Even in clean, well-sorted sandstone reservoirs, traditional fluid saturation evaluation using resistivity-based methods can have a high degree of uncertainty because of potential unknowns, such as formation water salinity. The same evaluation in unconventional reservoirs is further complicated by the presence of kerogen, high-viscosity hydrocarbons, and solid hydrocarbons, affecting the quantification of porosity and producibility.
An operator in the Eagle Ford wanted a more reliable approach to identifying moveable hydrocarbon and other reservoir fluids and mapping their distribution for defining the best landing point for horizontal wells.
Schlumberger recommended CMR-MagniPHI high-definition NMR service as uniquely suited for the evaluation of unconventional reservoirs. With the industry’s shortest echo spacing at 200 us, the service measures T1 and T2 simultaneously and continuously. This capability provides a high sensitivity to fluid contrasts, even in micropores, and is tolerant of the typical low porosity and high formation water salinity of shale reservoirs. The continuous acquisition of T1 and T2 data by CMR-MagniPHI service enables an independent assessment of the fluid volumes and distributions, highlights wettability contrasts, and quantifies bitumen content as an alternative to resistivity-based calculations that conventionally inform the petrophysical model.
Integrating data from CMR-MagniPHI service and Litho Scanner high-definition spectroscopy service accurately defines the kerogen fraction and reservoir producibility index.
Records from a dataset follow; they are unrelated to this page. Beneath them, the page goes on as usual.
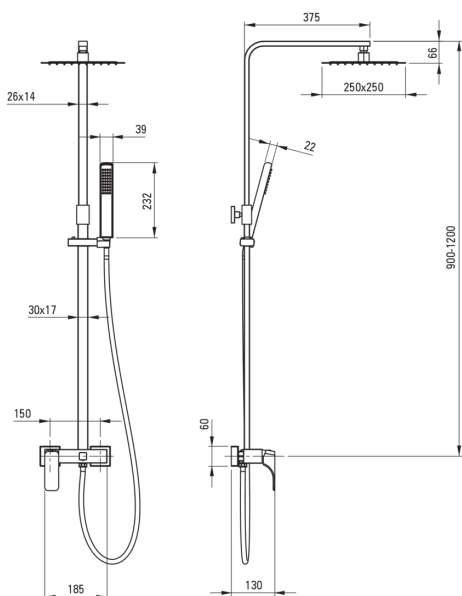

HIACYNT

Columna de ducha, con batidora de ducha

Código de producto: NAC_A1QM

EAN: 5908212088401

Color: blanco

Garantía [años]: 5

Columnas de ducha

Finalizar	blanco
Mezclador	Sí
Ajuste de altura de la cabeza de lluvia	Sí
Ajuste de altura de la barra de [mm]	900
Ajuste de altura de la barra hasta [mm]	1200

Vara

Material	latón
Características adicionales	ángulo de cabeza de ducha ajustable

Alcachofa de la ducha

Forma	cuadrado
Material	acero 304
Ancho [mm]	250
Longitud [mm]	250
Anti-calcal	Sí
Número de funciones	1
Tipo de transmisión	lluvia
Tiempo de respuesta rápido para encender y apagar el agua	Sí

Duchas de mano

Número de funciones	1
Anti-calcal	Sí
Tipo de transmisión	lluvia

Manguera

Longitud [mm]	1500
Trenza	no aplica
Material de trenza	PVC
Anti-twist	1

Interruptor de función

Tipo de interruptor	mecánico de cerámica

Mezclador

Tipo de mezcladora	mezclador, piloto único

Características:

- Solo los mejores materiales cuya calidad es confirmada por la investigación en el laboratorio
- La teleducha con sistema antical facilita la eliminación de la cal
- Recubrimiento de blanco innovador y duradero
- Barra hecha de latón duradero
- Una medida dedicada en la oferta es una caja fuerte dedicada para superficies limpias
- Ducha superior regulable en altura
- Diseño moderno con un toque de atemporalidad
- Cuerpo de batería hecho de latón de la más alta calidad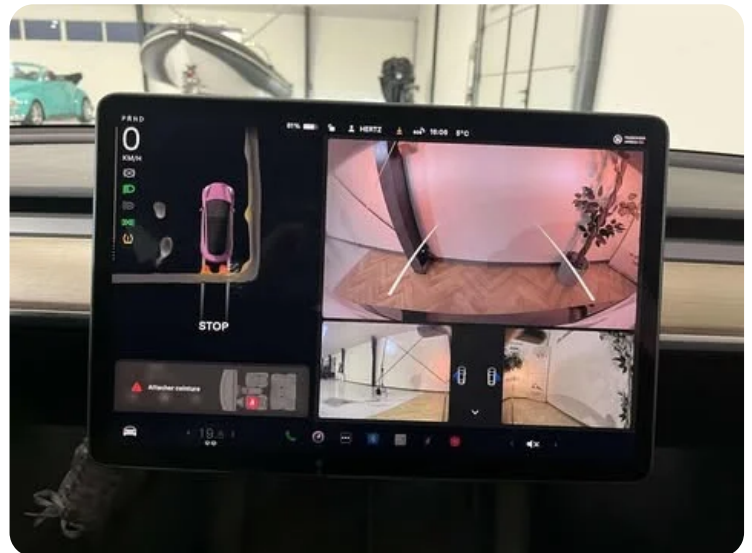

Billeder (8)

Udstyrsliste (38)

A

ABS bremses Adaptiv fartpilot Armlæn Auto nedblændelig bakspejl Auto. start/stop Automatgear
Automatisk fjernlys Automatisk lys AUX tilslutning

B

Bakkamera Bluetooth

D

DAB radio DAB+ radio Dæktryksystem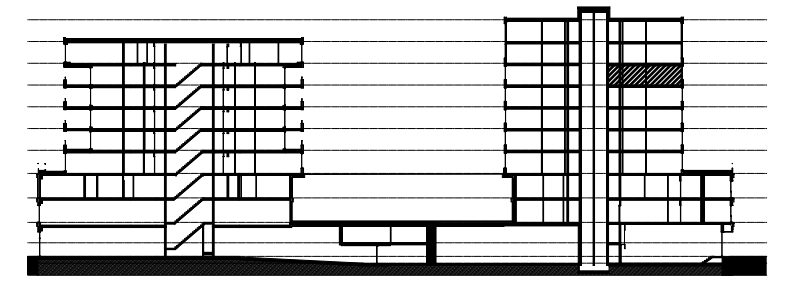

Legenda		Afkortingen / mogelijke opstelplaatsen	
	Centraaldoos	ALG	Algemeen
	Toevoerventiel, niet getekend te bepalen door installateur	AK	Afzuigkap
	Alzuigventiel niet getekend te bepalen door installateur	CAI	Leiding (bedraad) t.b.v. CAI
	Rookmelder conform NEN 2555	T	Leiding (bedraad) t.b.v. telecom
	Enkelpolige schakelaar	OV	Oven
	Serienschakelaar	VR	Vriezer
	Wisselchakelaar	VW	Vaatwasser
	Kruisschakelaar	WD	Wasdroger
	3 standen schakelaar mechanische ventilatie	WM	Wasmachine
	WCD, tweevoudig met randaarde	MV	Mechanische Ventilatie
	WCD, enkelvoudig met randaarde	KT	Kooktoestel
	WCD, enkelvoudig met randaarde en spatwaterdicht	KK	Koelkast
	Lichtaansluitpunt	ZW	Loze leiding t.b.v. optionele zonwering
	Ledige leiding	K	Kolom
	Deurbel		
	Thermostaat en Co2 sensor		
	Data aansluitpunt		
	Videofooninstallatie		
	Elektrische radiator		
	Exacte positie n.t.b.		

Disclaimer

- situatie indicatief. Het aansluitend openbaar gebied is nog in ontwikkeling en valt buiten de verantwoordelijkheid van de ondernemer;

- maatvoeringen in de tekening betreffen circa maten in centimeters;

- op de plattegronden zijn de installatievoorzieningen door middel van een symbool weergegeven. De aangegeven positie van deze onderdelen is indicatief; de exacte positie wordt door de installateur op de installatietekeningen weergegeven.

oc ta gon BOUWNUMMER 2740
7e verdieping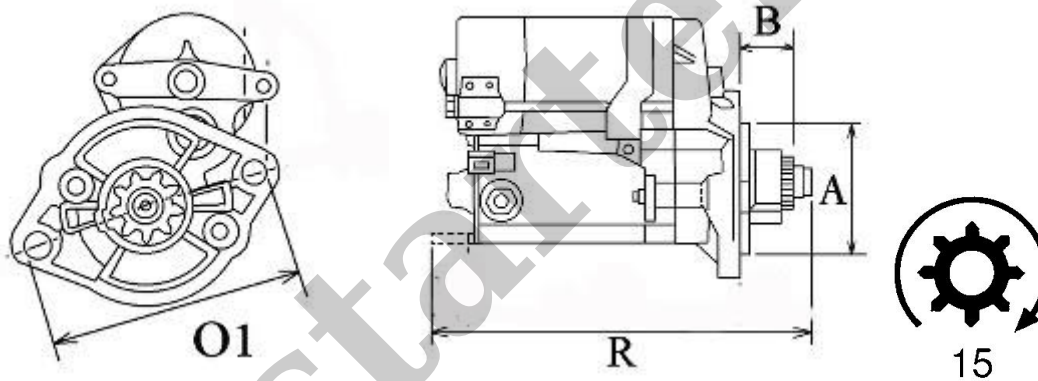

SILNIKI YANMAR - RÓŻNE MODELE

PRZYKŁADOWE ZASTOSOWANIE:

SILNIK	
YANMAR	2T72HL
YANMAR	2T75LT

YANMAR: 171022-77010; 171022-77011

DENSO: 028000-5800; 128000-0720; 128000-0721;

THERMO KING: 45-1251; 45-904;

WYMIARY	mm
O1	115 mm
A	55 mm
B	30 mm
R	211 mm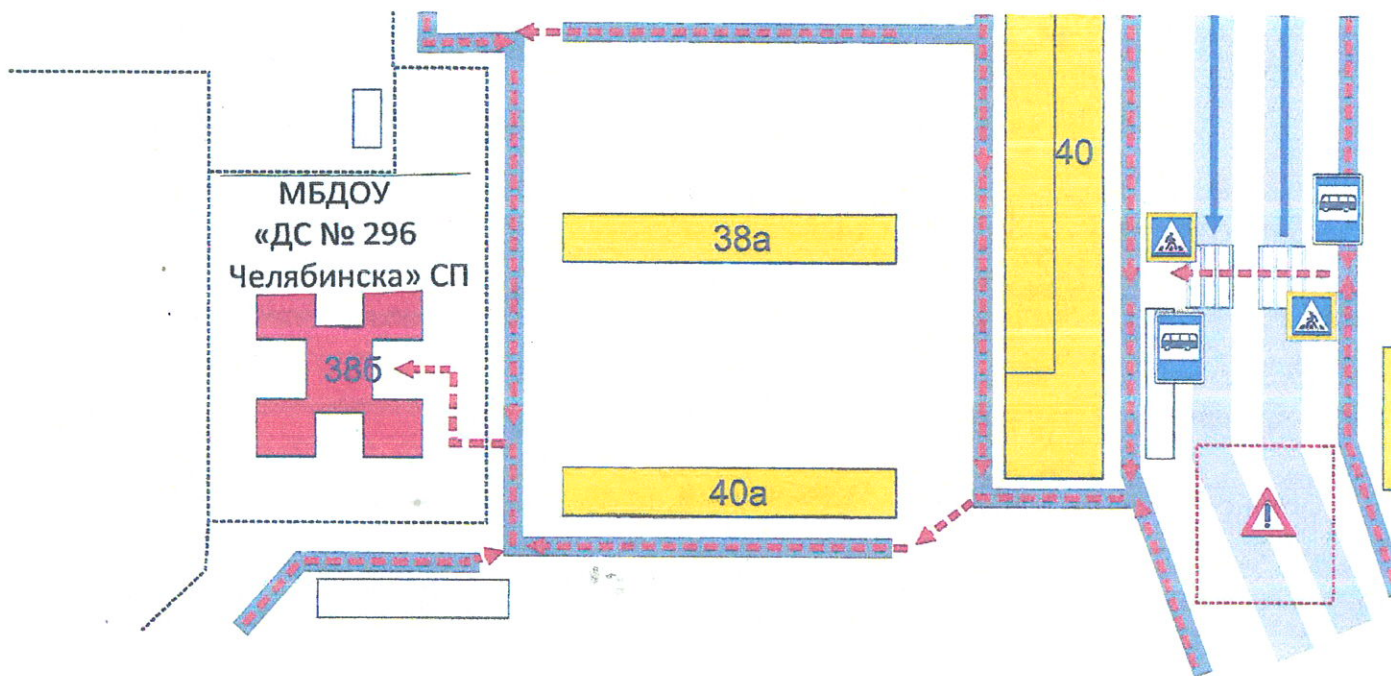

«УТВЕРЖДАЮ»
 Заведующий МБДОУ «ДС № 296
 г. Челябинска»
 О.Е. Штурмина
 « 01 » сентября 2023 г.

Схема организации дорожного движения в непосредственной близости от МБДОУ с размещением соответствующих технических средств, маршруты движения детей и расположения парковочных мест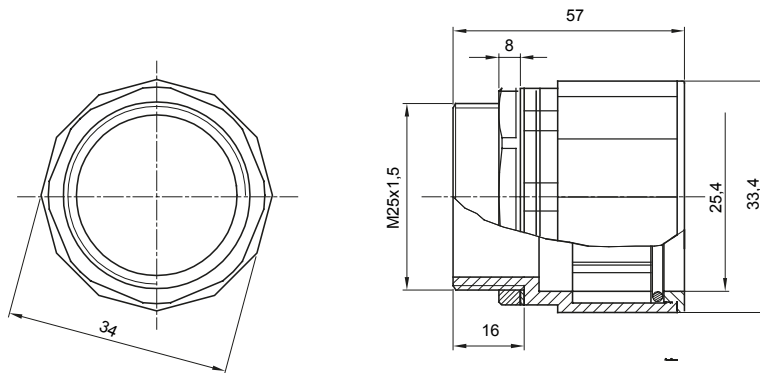

Componenti di percorso per i tubi protettivi rigidi serie RK con gradi di protezione IP40 e IP67.

Colore	Grigio RAL 7035	Grado di protezione	IP67
Passo metrico	M 25x1,5	Per fori Ø (mm)	25
Tubi Ø (mm)	25	Tipo Materiale	Halogen free secondo norma EN 60754-2
Codice Electrocod	21221		

DIMENSIONALE

SIMBOLOGIA TECNICA

IP

HF
HALOGEN FREE

IP67

MARCHI/APPROVAZIONI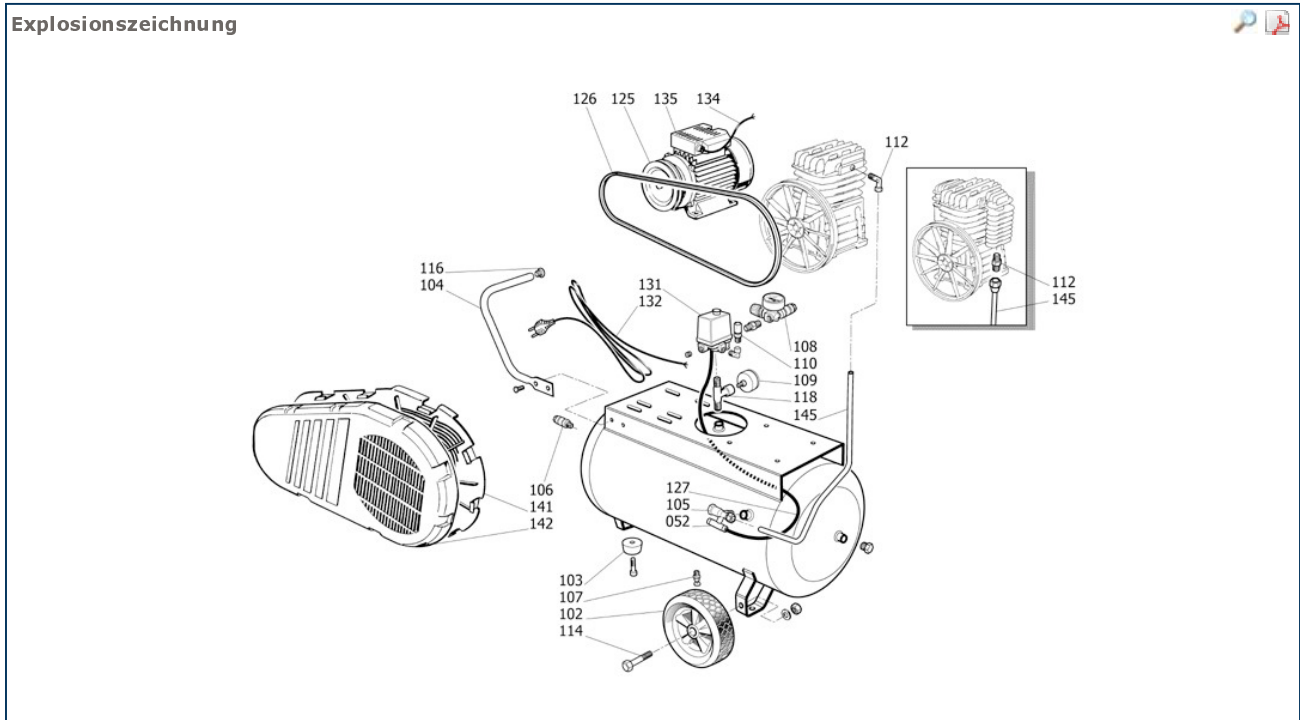

Ersatzteile

Information	Beschreibung
4116024418	TWISTER 2400 D

Artikel			Zeigen Sie das Enddatum <input checked="" type="checkbox"/>	
Nr.	Artikel	Beschreibung	Ende	Stückzahl
099	4116090298	Block		1.00 PC
099	4116090298	Block	07/11/13	1.00 PC
100	2236100168	Schraube - Behälter		1.00 PC
102	2236112347	Rad		2.00 PC
102	2236105208	Rad	04/10/12	2.00 PC
102	2236105208	Rad	09/07/13	2.00 PC
103	2236111754	Lenkrolle-vorderen Stift		2.00 PC
103	2236105333	Lenkrolle-vorderen Stift	04/10/12	2.00 PC
103	2236111754	Lenkrolle-vorderen Stift	09/07/13	2.00 PC
103	6222018900	Lenkrolle-vorderen Stift	25/09/12	2.00 PC
104	6214343700	Griff		1.00 PC
105	2236110537	Rückschlagventil		1.00 PC
106	6231944100	Kugelhahn		1.00 PC
106	6210717800	Kugelhahn	01/06/12	1.00 PC
106	6231944200	Kugelhahn	05/11/13	1.00 PC
107	2236111480	Ablassventil		1.00 PC
108	6214344100	Druckminderer		1.00 PC
109	6214345000	Manometer		1.00 PC
110	6210719600	Sicherheitsventil		1.00 PC
110	6211113611	Sicherheitsventil	10/03/13	1.00 PC
112	6231943500	Doppelnippel		1.00 PC
114	6214348500			2.00 PC
114	6214348300		04/10/12	2.00 PC
114	6214348300		09/07/13	2.00 PC
118	6275613400	Verteilerstück		1.00 PC
119	2236112374	Dämpfer		1.00 PC
120	2236100493			1.00 PC
125	2236110190	Riemenscheibe		1.00 PC
126	6214632100	Keilriemen		1.00 PC
127	2236112998	Tecalanleitung		0.70 MT
127	6245578000	Tecalanleitung	18/12/15	0.70 M
131	2236112288	Druckschalter		1.00 PC

Block Explosionszeichnung

PAT38A-NS19S

Teile Block				
Nr.	Artikel	Beschreibung	Ende	Stückzahl
305	2236111635	Luftfilter	04/02/15	1.00 PC
305	2236111635	Luftfilter	05/02/11	1.00 PC
305	2236111635	Luftfilter	07/11/13	1.00 PC
305	2236111635	Luftfilter	09/02/11	1.00 PC
305	2236112735	Luftfilter		1.00 PC

The NMR measurement responds to the fluids in the pores and is not influenced by the kerogen content. To differentiate the kerogen portion of the total organic carbon (TOC), the porosity determined with CMR-MagniPHI service is compared with the total density porosity corrected for the matrix density obtained from Litho Scanner service. This approach benefits from the accurate matrix density output from Litho Scanner service. The difference between the two porosity curves identifies the amount of kerogen in the TOC determination, and hence the remainder is the volume of producible liquid hydrocarbon.
The saturation interpretation from the T1T2 maps agreed well with core analysis. The petrophysical model was then revised with the saturation data to recalculate the reservoir volumes. Bitumen, which is not readily quantified in conventional approaches, was quantified using the maps, and those values agreed well with retort analysis of the core to further refine the volumetric analysis.
Having established a more accurate, insightful understanding of the Eagle Ford, the operator was able to identify targets for lateral landing points in the zones with the highest producibility.
Challenge: Separate potentially moveable from nonmoveable fluids to guide the selection of the horizontal well landing point.
Solution: Acquire continuous T1 and T2 measurements with CMR-MagniPHI high-definition NMR service for quantifying porosity and fluid distributions in combination with other formation evaluation methods.
Results: Accurately mapped fluid distributions, as verified by core analysis, to revise reservoir volumes and identify zones with the highest producibility as lateral landing targets.